Akane Nishimura is a gloomy fifth grade girl who is teased by her classmates and is referred to as “The Grim Reaper.” A new transfer student, a boy named Taiyo Takada, overhears people referring to her by this nickname and thinks it’s cool. Because of this, Takada decides he wants to be friends with Nishimura. However, Nishimura keeps trying to push Takada away, because she knows that he’ll start getting teased if he talks to her and hangs around with her. But Takada, an easygoing boy, doesn’t seem to care about that.

Most of this first episode establishes Nishimura and Takada and shows the friendship that ultimately develops between the two of them by the end of it. Takada is a nice and earnest kid, but he can also be clueless at times, hence the title of the series. For example, when Nishimura walks by, her classmates will wave their hands and call out, “Barrier! Barrier!” Takada thinks that these kids are really casting barriers, and he’s frustrated because he doesn’t know how. Nishimura keeps trying to explain to him that it’s a game they play as part of making fun of her. When Nishimura comments that if he learns how to cast a barrier he’ll be able to talk to her, Takada says he wouldn’t want to cast a barrier against her because they’re friends. It’s a sweet sentiment, even if it did spring from him being clueless about something.

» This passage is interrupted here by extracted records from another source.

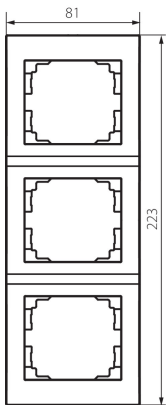

## 25300 LOGI 02-1530-041 gr

Рамка потрійна вертикальна

5905339253002

### ЗАГАЛЬНІ ДАНІ:

**Колір:** графітний  
**Ширина (мм):** 81  
**Висота (мм):** 223

### ДАНІ ЛОГІСТИКИ:

**Як упаковано:** 10  
**Кількість штук в проміжній упаковці:** 10  
**Кількість штук у груповій упаковці:** 120  
**Вага нетто одиниці [г]:** 36  
**Граматура [г]:** 49.92  
**Довжина споживчої упаковки [см]:** 10  
**Ширина споживчої упаковки [см]:** 1.5  
**Висота споживчої упаковки [см]:** 29  
**Вага коробки [кг]:** 5.9904  
**Ширина коробки [см]:** 25  
**Висота коробки [см]:** 42  
**Довжина коробки [см]:** 37.5  
**Обсяг коробки [м³]:** 0.039375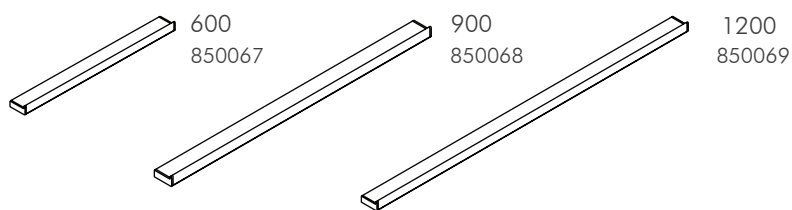

HORIZON

HORIZON T

Dodatna oprema: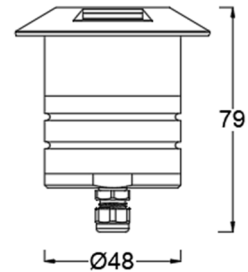

LANDSCAPE - MODEL: U2071

dweLED 德里格

埋地灯

项目名称:

灯位号:

产品图片

线图

产品描述

Landscape 2 IN 埋地灯，可以在人行道上洗出光顺、无阴影的路面。

产品特性

- 主体材质: 整体不锈钢材质
- 光学系统: /
- 表面处理: /
- 投射方向: /
- 配件/支架: /
- 安规认证: /
- 防护等级: IP67
- 绝缘等级: Class III
- 环境温度: -20°C~40°C

产品规格

- 光源类型: SMD
- 光源功率: 4.1W
- 光源光通量: 5lm@4.1W
- 光源寿命: >50000h-L70 /B10-Ta25°C(LM-80/TM-21)
- 色温/显指: 2700K/3000K, Ra85
- 光源色容差: 3 SDCM
- 输入电压: 12V AC, 50/60HZ
- 调光控制: ON/OFF
- 产品重量: 约 0.76Kg, 不含包装

订购模型

Model	Length	IP	Power	Driver	Beam Angle	CCT	Surface	Finish
U2071						27 2700K		BS Bronzed Stainless
Bi-Directional	/	IP67	4.1W	12V AC	≥100°	30 3000K	/	Steel
								SS Stainless Steel

示例: U2071-27SS

www.dweled.com

WAC集团旗下高端的家居照明品牌

Headquarters

44 Harbor Park Drive • Port Washington, NY
Phone (516) 515.5000 • Fax (516) 515.5050

WAC Lighting Technology (Shanghai) Co, Ltd.

14, Lane 299, Bi Sheng Road, Shanghai 201204
Phone (86.21) 3393.3558 • Fax (86.21) 3362.1598

WAC Lighting 保留对产品进行不定期设计更新的权利。2022-05-06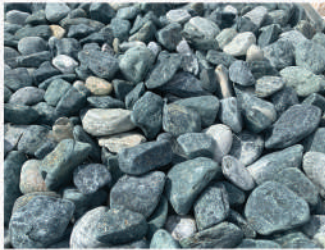

GALET ROULÉ VERT

RÉF.	GRANULOMÉTRIE	UNITÉ
004873	25/40	Sac de 20kg
004872	40/60	Sac de 20kg

There’s a great scene early on, when Takada is about to walk home with Nishimura and they are stopped by three of their male classmates. The classmates want Takada to walk home with them, and at first, he misunderstands, thinking they boys are inviting both him and Nishimura. After the boys says they’re only inviting Takada, he brushes them off and asks why he’d walk home with them, since they’re only humans. One of the boys says that Nishimura is only human, too, and Takada points out that they keep referring to her as “The Grim Reaper,” which means she’s not just a human. The boys have no comeback to this, and they end up leaving. Again, while this may have arisen from a misunderstanding, he did correctly point out the boys’ hypocrisy.

There’s a group of three girls that gossip about Nishimura and instigate the bullying in the class. During this episode, the ringleader of this group appears to develop a crush on Takada. This isn’t explored much in this episode, but I have a feeling that it’s going to become an important plot point as the series progresses.

Right at the end of the episode, Takada receives his first instance of teasing for hanging out with Nishimura, but this sweet but clueless kid totally misunderstands the meaning behind what’s written on the chalkboard. While most of his cluelessness didn’t make me laugh in this episode, I admit that this final misunderstanding did elicit a laugh out of me.

Admittedly, the animation and character designs are a little on the simple side, but from looking at the cover for the first volume of the manga, this seems to match the art style of the original source material. Also, with the characters being in elementary school, this simplistic style makes sense. With how young they are and how simplistic their worldview is at that age, this visual style helps to emphasize the stage they’re at in their lives.

When it comes to the writing, the humor of the series is derived from Takada and his cluelessness. However, the show doesn’t appear to entirely be comedic, because in this first episode, there’s also serious moments mixed in as well. In this episode, we get the serious moments with Nishimura as she deals with the bullying she’s gone through up to this point and how Takada fits into her life. After watching this first episode, I thought this mixture of humor and seriousness showed that the writing has heart and has good intentions going into it.

After finishing this first episode, I see potential for My Clueless First Friend, and I hope that this potential continues to be realized as the series continues.